It's interesting that probably the time meditation is needed most is when you have little ones around, keeping patience as you explain for the fourteenth time today why they cannot use sharpies instead of their washable markers.
For me, personally, the mental chatter is worse as a mom anyway. I'm sure a good portion of it is lack of adequate sleep. Yet there is a plenty of mom guilt (self-inflicted) with an added layer of mom-shaming from supposedly supportive facebook groups and outsiders. The combination of the two has been known to draw some tears from my tender heart and today was one of those days.
Interestingly thirty minutes after I got mom-shamed I got an email from someone saying what an amazing mom I was, completely out of nowhere. We all make mistakes but we also have our strengths and our successes. It is harder for me to mentally balance and recognize both sides when I am tired so I did my best to reflect on concrete moments.
This weekend was full of moments of my older daughter asking for special mommy time. She was in need of some extra love and attention. Happily I was able to give it to her most of the times when she asked. This special time included going for a nature walk. As we explored the trail we found some acorns and set a buffet on a log "table" for the nearby squirrels. We watched the creek flowing and we ran along the top of the dam. We also had some yoga time and chose a new focus word for the week, "patience".
I got several moments of time with my little one too, enjoying her laughter and smiles.
There were moments I could see where I could have done "better". There were things I could see I needed to shift tactics to get out of a rut with my headstrong preschooler. But overall, I am a good mom.

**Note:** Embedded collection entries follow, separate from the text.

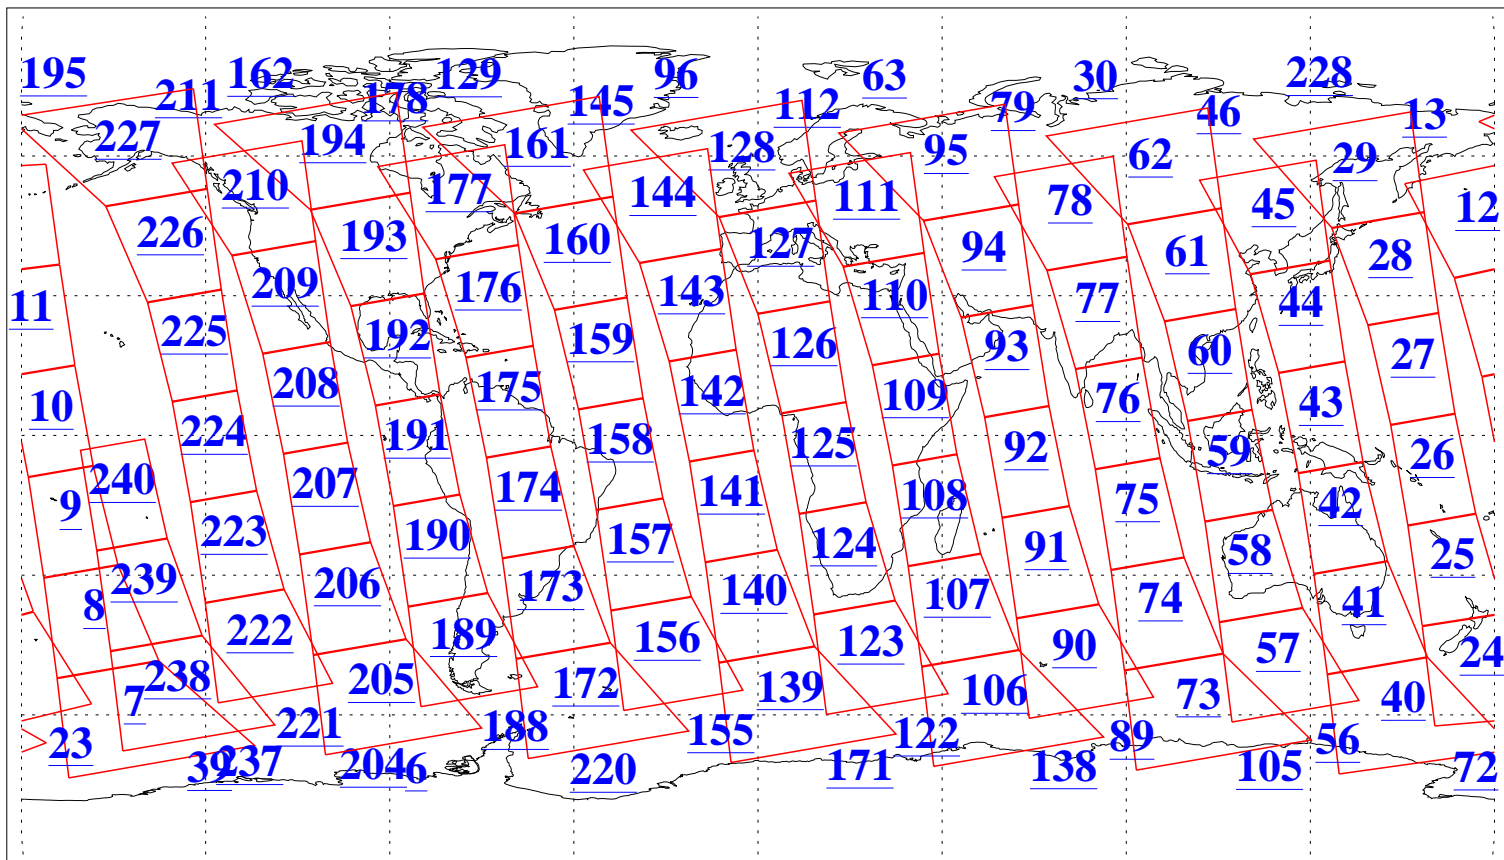

L1B Availability
AMSU Granules: 240
HSB Granules: 0
AIRS Granules: 240

9 Jul 2004
DoY 191
Aqua Day 797
Granules: 1 to 120

Granules: 121 to 240

Legend: AMSU Available, HSB Available, AIRS Available

L1B Availability
AMSU Granules: 240
HSB Granules: 0
AIRS Granules: 240

9 Jul 2004
DoY 191
Aqua Day 797

Ascending Granules

Descending Granules

Legend: AMSU Available, HSB Available, AIRS Available

L1B Availability
 AMSU Granules: 240
 HSB Granules: 0
 AIRS Granules: 240

9 Jul 2004
 DoY 191
 Aqua Day 797

Northern Hemisphere Granules

Southern Hemisphere Granules

Legend: AMSU Available, HSB Available, AIRS Available

I'm grateful to recognize the mental chatter and its link to exhaustion. I'm grateful for a loving husband to bring me back when I take others' words to heart. I'm grateful to know that my girls think I am a good mom. I'm grateful to know I am doing my best even if that looks different day to day. I'm grateful to see when I can make shifts and changes and where I feel I am on the right track. I'm grateful for the beautiful email tonight that was so kind and up-lifting. I'm grateful for the special time with my girls and especially to get outdoors in nature. I'm grateful to see the need to make more time this week for mediation and me time as the mental chatter grows.
How do you recognize when the mental chatter is getting too loud? What does your monkey mind try to tell you? How do you redirect when the chatter goes negative?
May today be filled with supportive and loving dialogue. May we move towards where we want to be while giving ourselves grace in the moments we feel we fell short. Have a beautiful day!